- MATERIAL FOR THIS EXERCISE -
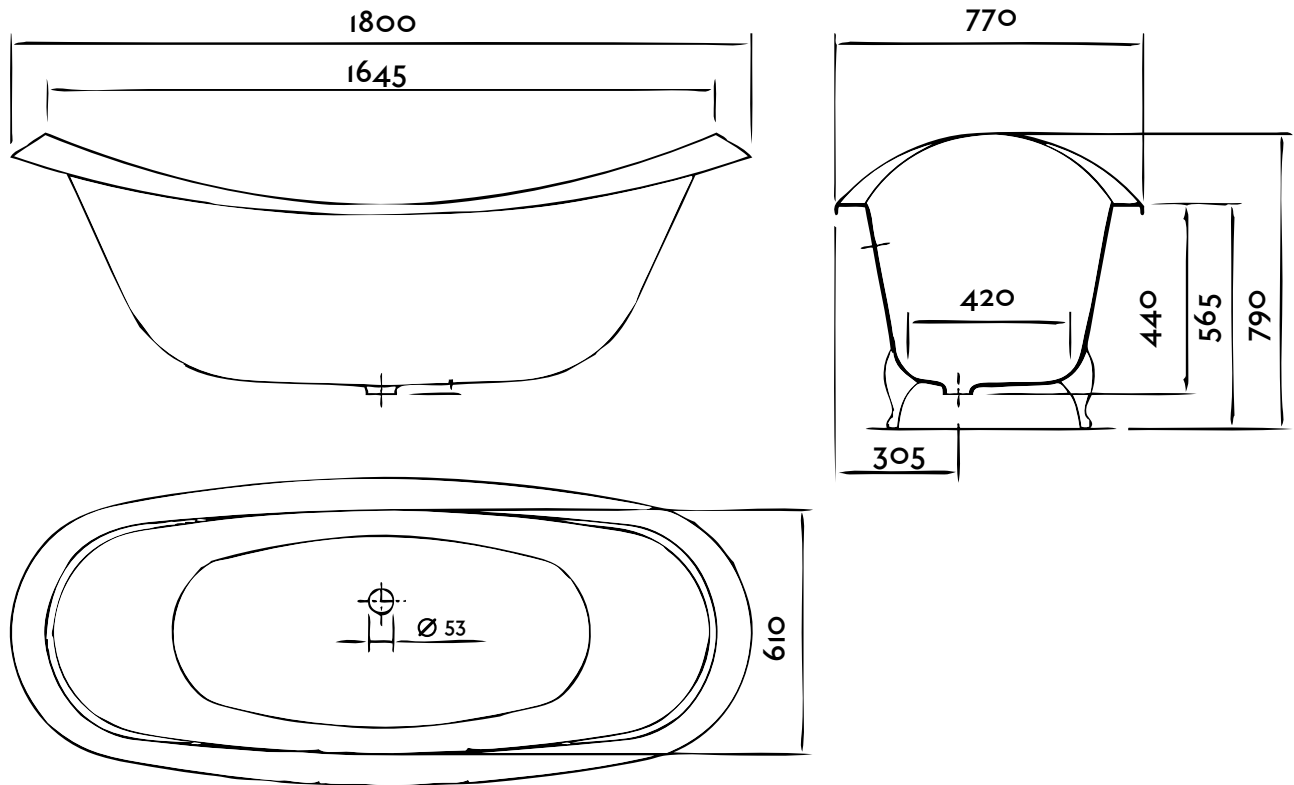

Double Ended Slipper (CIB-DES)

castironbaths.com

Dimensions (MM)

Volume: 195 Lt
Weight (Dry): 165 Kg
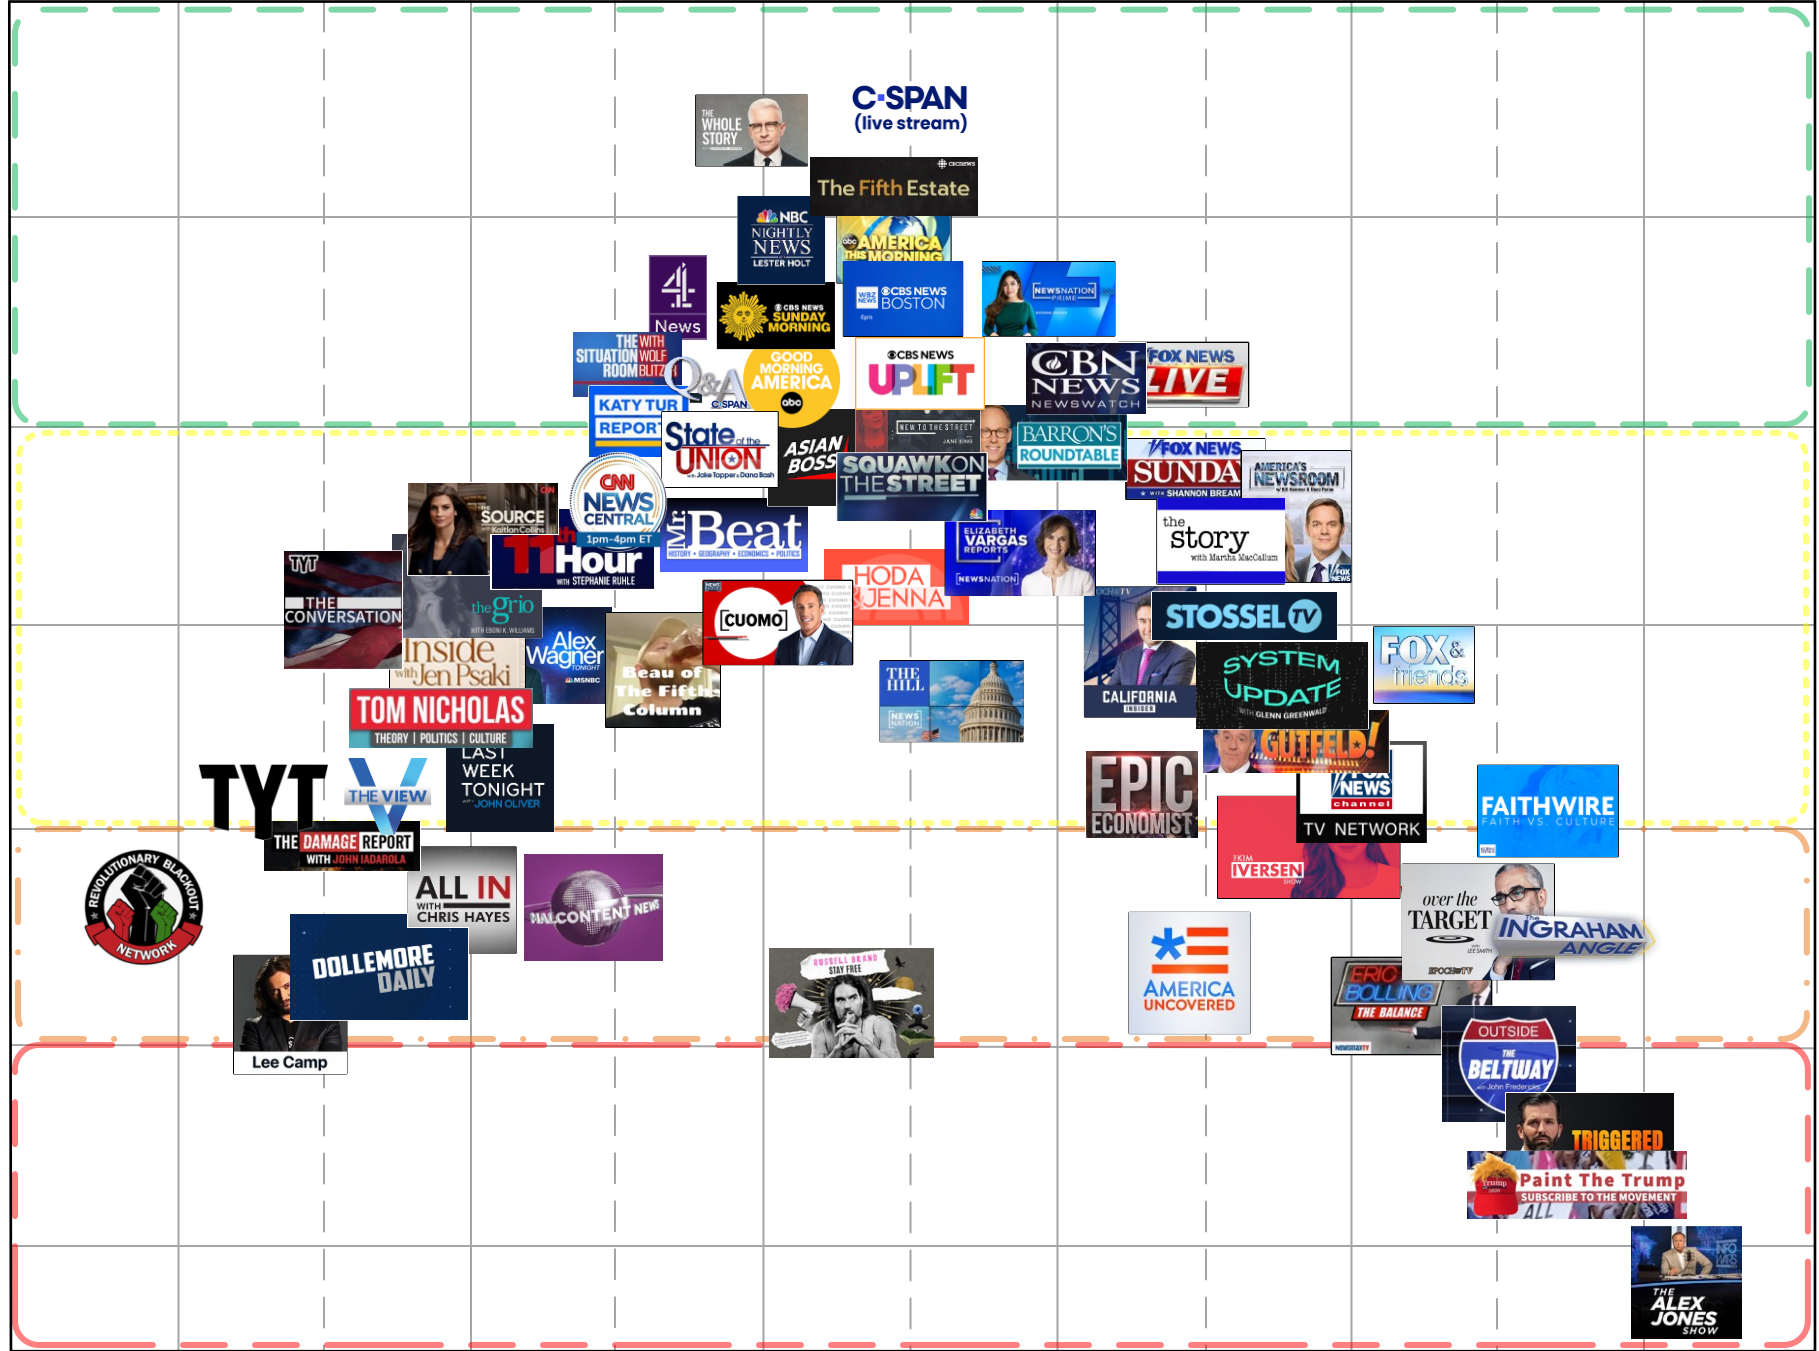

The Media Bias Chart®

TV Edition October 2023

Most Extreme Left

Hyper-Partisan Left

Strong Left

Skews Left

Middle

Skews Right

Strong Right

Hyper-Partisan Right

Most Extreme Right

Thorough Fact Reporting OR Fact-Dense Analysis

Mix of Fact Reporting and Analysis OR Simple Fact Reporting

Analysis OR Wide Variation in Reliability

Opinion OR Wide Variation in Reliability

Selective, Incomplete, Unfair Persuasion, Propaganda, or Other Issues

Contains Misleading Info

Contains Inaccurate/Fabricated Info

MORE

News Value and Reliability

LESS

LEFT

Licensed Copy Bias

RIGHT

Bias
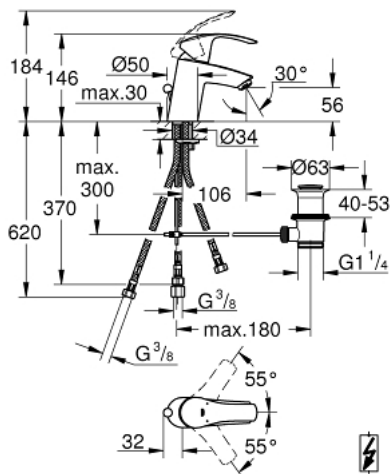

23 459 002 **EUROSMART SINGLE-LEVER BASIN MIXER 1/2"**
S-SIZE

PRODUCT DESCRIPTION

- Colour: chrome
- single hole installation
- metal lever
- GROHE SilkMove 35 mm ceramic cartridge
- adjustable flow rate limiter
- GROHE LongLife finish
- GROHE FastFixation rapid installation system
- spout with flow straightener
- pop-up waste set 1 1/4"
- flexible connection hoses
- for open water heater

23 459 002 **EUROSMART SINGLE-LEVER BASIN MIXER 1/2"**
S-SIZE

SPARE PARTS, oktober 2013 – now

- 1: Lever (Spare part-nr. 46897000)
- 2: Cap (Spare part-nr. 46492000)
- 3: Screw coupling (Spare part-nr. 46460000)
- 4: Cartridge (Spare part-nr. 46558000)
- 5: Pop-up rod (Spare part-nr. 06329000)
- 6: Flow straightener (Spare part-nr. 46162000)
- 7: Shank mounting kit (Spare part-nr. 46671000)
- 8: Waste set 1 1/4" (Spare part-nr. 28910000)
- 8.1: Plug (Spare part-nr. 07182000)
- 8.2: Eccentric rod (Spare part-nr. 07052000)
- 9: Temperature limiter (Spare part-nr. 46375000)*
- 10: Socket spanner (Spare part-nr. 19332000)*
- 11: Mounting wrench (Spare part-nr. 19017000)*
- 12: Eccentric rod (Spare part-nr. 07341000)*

- ASSIGNED TASK -
For every line in the listing above that contains "Partisan", copy that line.

- TASK RESULT -
Hyper-Partisan Left
Hyper-Partisan Right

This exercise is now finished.